▸ Work to be completed: Repeat the listing that follows, character for character, minus the pictures.

▸ Record excerpts:
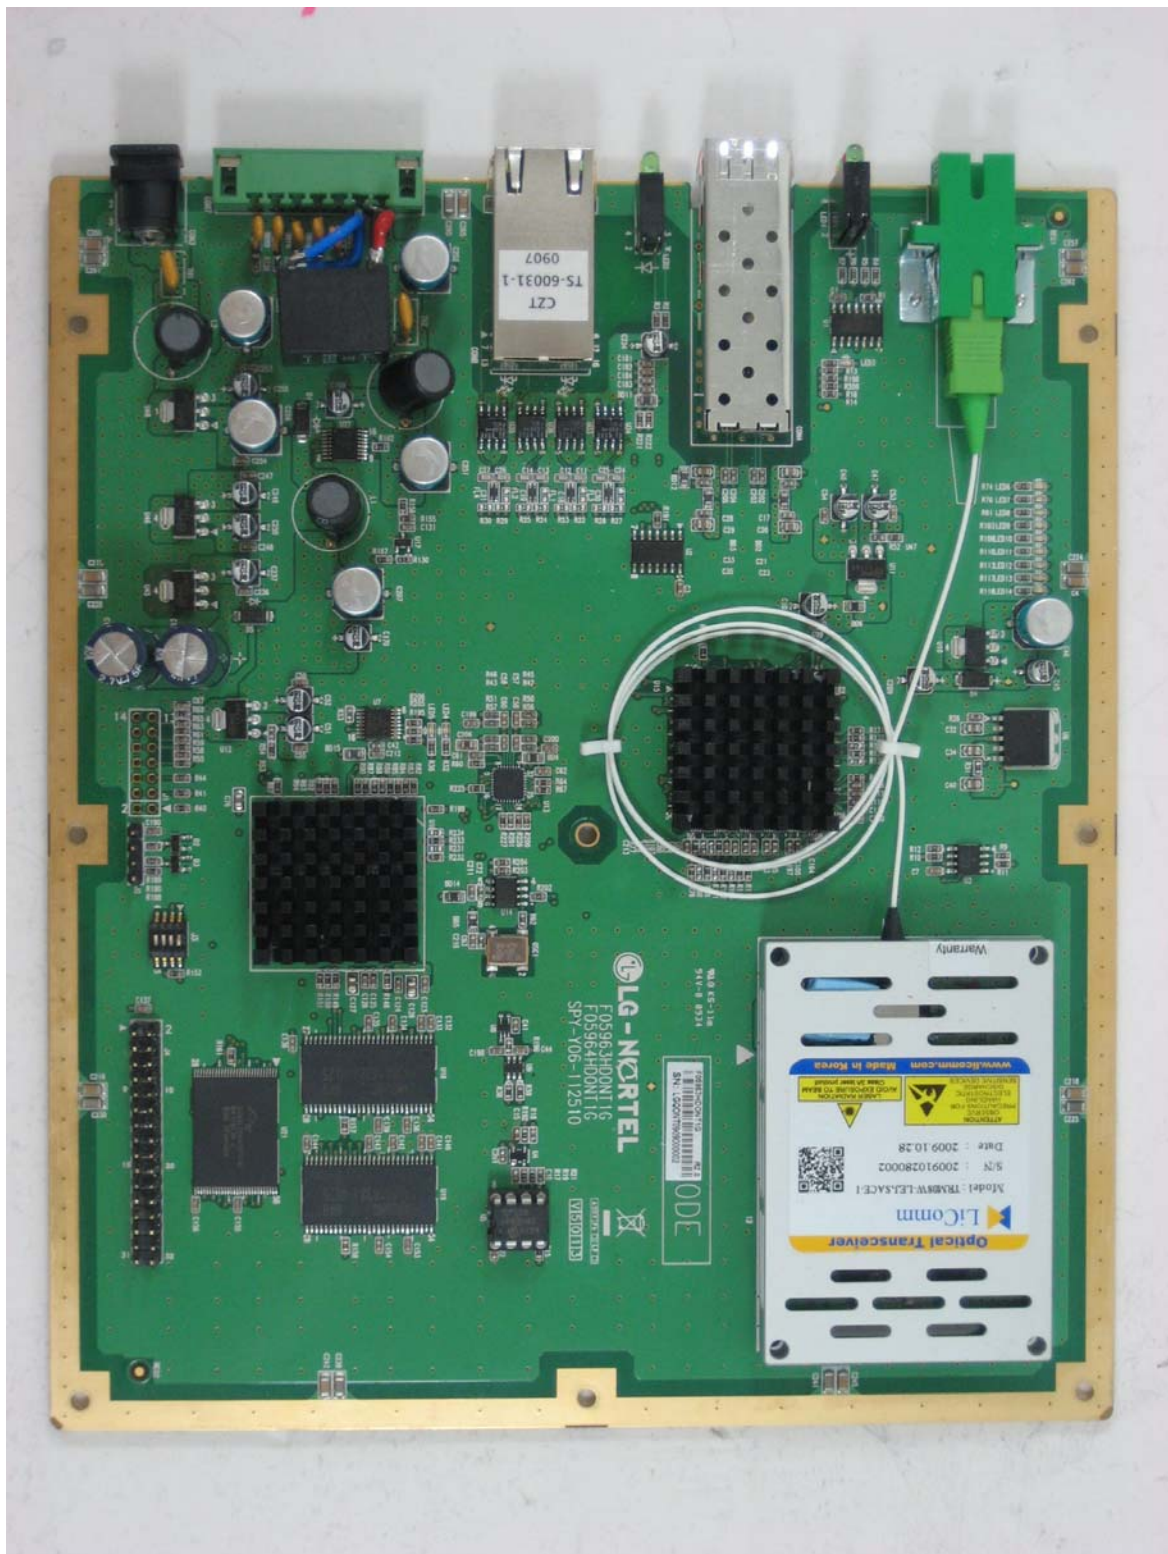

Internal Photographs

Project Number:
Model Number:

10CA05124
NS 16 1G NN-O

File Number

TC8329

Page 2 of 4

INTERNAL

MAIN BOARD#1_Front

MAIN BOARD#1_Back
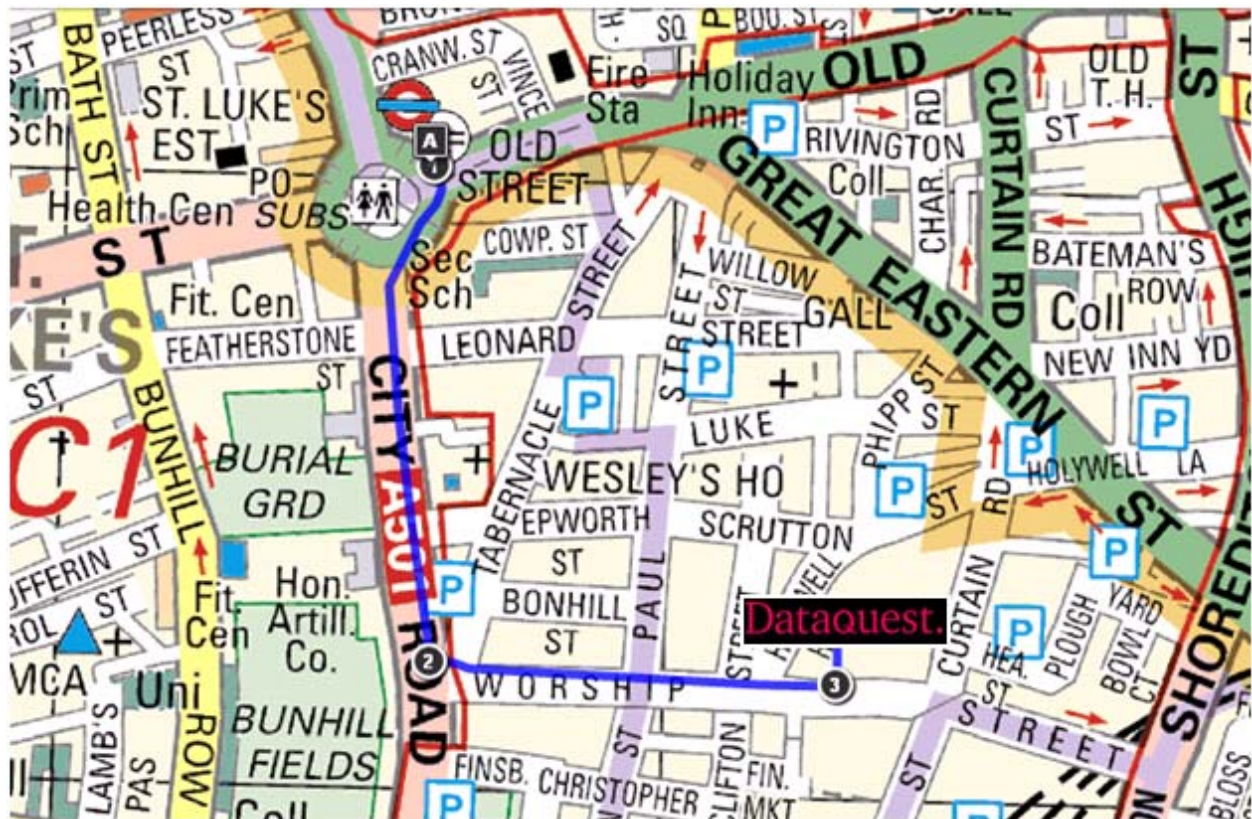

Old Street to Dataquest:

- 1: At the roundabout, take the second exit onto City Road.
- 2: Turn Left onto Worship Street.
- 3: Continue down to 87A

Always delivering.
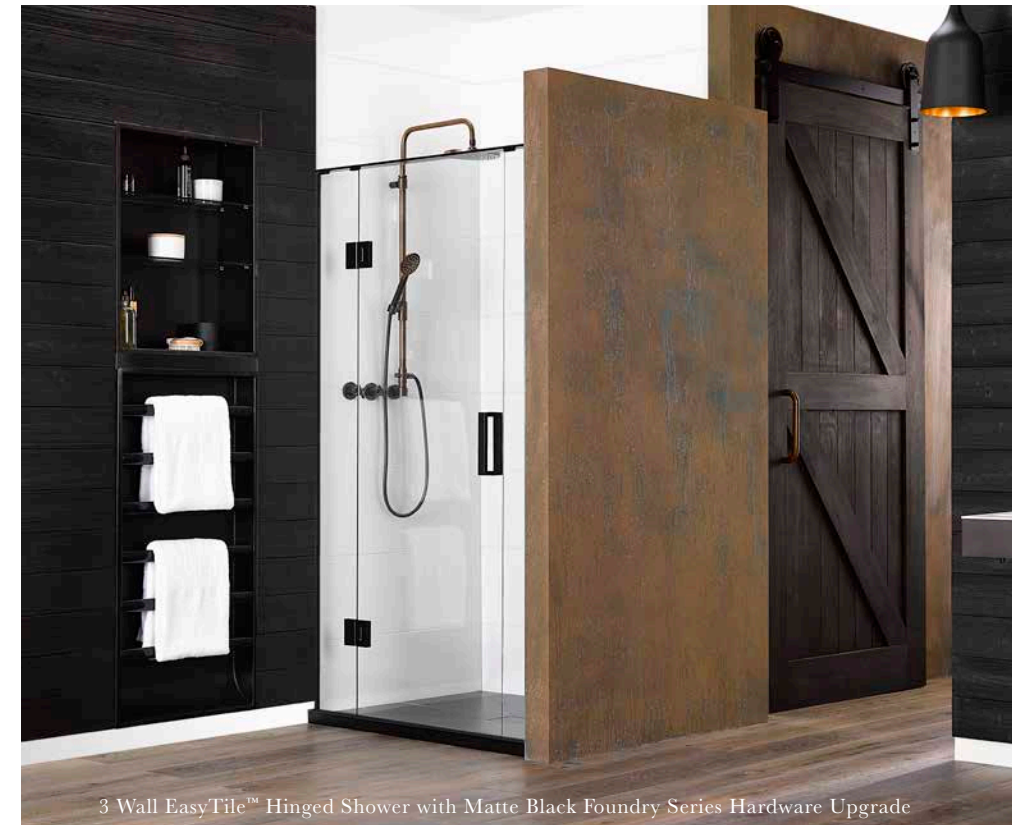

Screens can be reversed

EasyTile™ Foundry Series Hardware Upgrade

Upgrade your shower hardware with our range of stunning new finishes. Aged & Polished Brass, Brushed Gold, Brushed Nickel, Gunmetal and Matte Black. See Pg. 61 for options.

▸ Output for this exercise:
Internal Photographs

Project Number:
Model Number:

10CA05124
NS 16 1G NN-O

File Number

TC8329

Page 2 of 4

INTERNAL

MAIN BOARD#1_Front

MAIN BOARD#1_Back

Old Street to Dataquest:

- 1: At the roundabout, take the second exit onto City Road.
- 2: Turn Left onto Worship Street.
- 3: Continue down to 87A

Always delivering.

Screens can be reversed

EasyTile™ Foundry Series Hardware Upgrade

Upgrade your shower hardware with our range of stunning new finishes. Aged & Polished Brass, Brushed Gold, Brushed Nickel, Gunmetal and Matte Black. See Pg. 61 for options.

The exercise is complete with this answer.